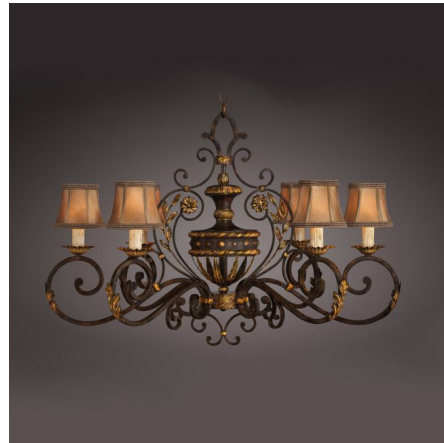

## Castile Oval Chandelier By Fine Art Handcrafted Lighting

### Description

The Castile Oval Chandelier features an antique style and warm gold leaf accents. Available in Beige with an Antique Iron finish. Six 60 watt 120 volt B10 type candelabra base bulbs are required, but not included. 39 inch width x 27 inch height x 21 inch depth. 72 inches of chain is included.

Shown in antique iron / beige

### Specifications

COLOR	Beige
BODY FINISH	Antique Iron
WATTAGE	30W
DIMMER	Standard 120V
DIMENSIONS	72"L x 39"W x 27"H x 21"D
BULB NOT INCLUDED	6 x B11/Candelabra (E12)/5W/120V LED
OTHER BULB OPTIONS	6 x B10/Candelabra (E12)/120V LED 6 x B10/Candelabra (E12)/60W/120V Incandescent
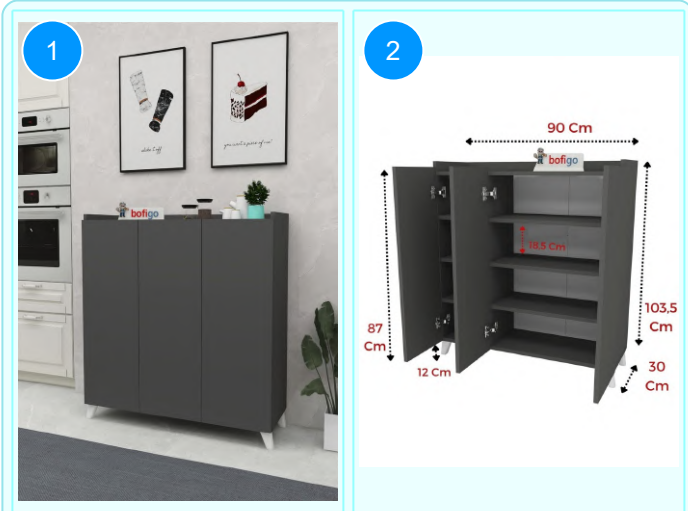

12-30-08 MULTIFUNCTIONEL CABINET WITH 3 DOORS

Colour	Width cm.	Height cm.	Depth cm.	Kg	CBM
ANTHRACITE	90	103,5	30	(2/1)18,2 (2/2)17,5	0,0659

Top Surface Material: 18mm Melamine Faced Particle Board
This product is delivered in two boxes.

CARTON NO: Carton 1/2
CARTON WEIGHT: 18,4 kg. / 17,7 kg.
CARTON HEIGHT: 12 cm. / 14,2 cm.
CARTON DEPTH: 37,7 cm. / 35,5 cm.
CARTON WIDTH: 97,8 cm. / 92 cm.
++++
PROBLEM REQUIREMENTS ▸
Everything above except the pictures must be restated exactly.

TASK RESULT ▸
## Castile Oval Chandelier By Fine Art Handcrafted Lighting

### Description

The Castile Oval Chandelier features an antique style and warm gold leaf accents. Available in Beige with an Antique Iron finish. Six 60 watt 120 volt B10 type candelabra base bulbs are required, but not included. 39 inch width x 27 inch height x 21 inch depth. 72 inches of chain is included.

Shown in antique iron / beige

### Specifications

COLOR	Beige
BODY FINISH	Antique Iron
WATTAGE	30W
DIMMER	Standard 120V
DIMENSIONS	72"L x 39"W x 27"H x 21"D
BULB NOT INCLUDED	6 x B11/Candelabra (E12)/5W/120V LED
OTHER BULB OPTIONS	6 x B10/Candelabra (E12)/120V LED 6 x B10/Candelabra (E12)/60W/120V Incandescent

12-30-08 MULTIFUNCTIONEL CABINET WITH 3 DOORS

Colour	Width cm.	Height cm.	Depth cm.	Kg	CBM
ANTHRACITE	90	103,5	30	(2/1)18,2 (2/2)17,5	0,0659

Top Surface Material: 18mm Melamine Faced Particle Board
This product is delivered in two boxes.

CARTON NO: Carton 1/2
CARTON WEIGHT: 18,4 kg. / 17,7 kg.
CARTON HEIGHT: 12 cm. / 14,2 cm.
CARTON DEPTH: 37,7 cm. / 35,5 cm.
CARTON WIDTH: 97,8 cm. / 92 cm.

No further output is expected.